Specific emojis used for different commands by UTA0137:

• Camera with Flash (📸): Captures a picture of the target device’s screen as per the victim’s directions.

• Backhand Index Pointing Down (👇): Extracts files from the targeted device and sends them to the command channel in the form of attachments.

• Backhand Index Pointing Right (👉): This process involves sending a file found on the victim’s device to another web-hosted file storage service known as Oshi or oshi[. ]at.

• Backhand Index Pointing Left (👈): Sends a file from the victim’s device to transfer[. ]sh, which is an online service for sharing files on the Internet.

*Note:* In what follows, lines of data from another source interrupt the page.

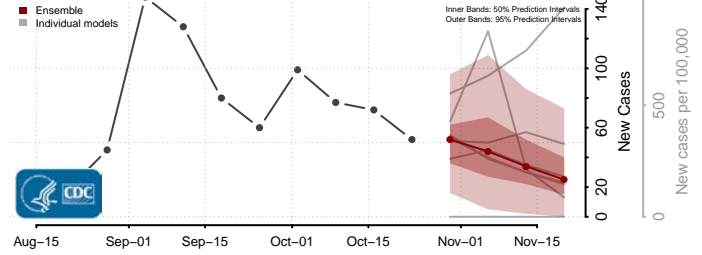

Griggs County, North Dakota

Hettinger County, North Dakota

Kidder County, North Dakota

LaMoure County, North Dakota

Logan County, North Dakota

McHenry County, North Dakota

McIntosh County, North Dakota

McKenzie County, North Dakota

• Fire (🔥): Finds and transmits all files with certain extensions that exist on the victim’s device, such as *. txt, *. doc, *. xls, *. pdf, *. ppt, *. rtf, *. log, *. cfg, *. dat, *. db, *. mdb, *. odb, *. sql, *. json, *. xml, *. php, *. asp, *. pl, *. sh, *. py, *. ino, *. cpp, *. java,

• Fox (🦊): This works by compressing all Firefox related profiles in the affected device. 

• Skull (💀): Kills the malware process in windows using ‘os. Exit()’

• Man Running (🏃‍♂️):  Execute a command on a victim’s device. This command receives an argument, which is the command to execute.

• Index Pointing up (👆) : Upload a file to the victim's device. The file to upload is attached along with this emoji

Analysis:   

The analysis was carried out for one of the indicator of compromised SHA-256 hash file-  C981aa1f05adf030bacffc0e279cf9dc93cef877f7bce33ee27e9296363cf002.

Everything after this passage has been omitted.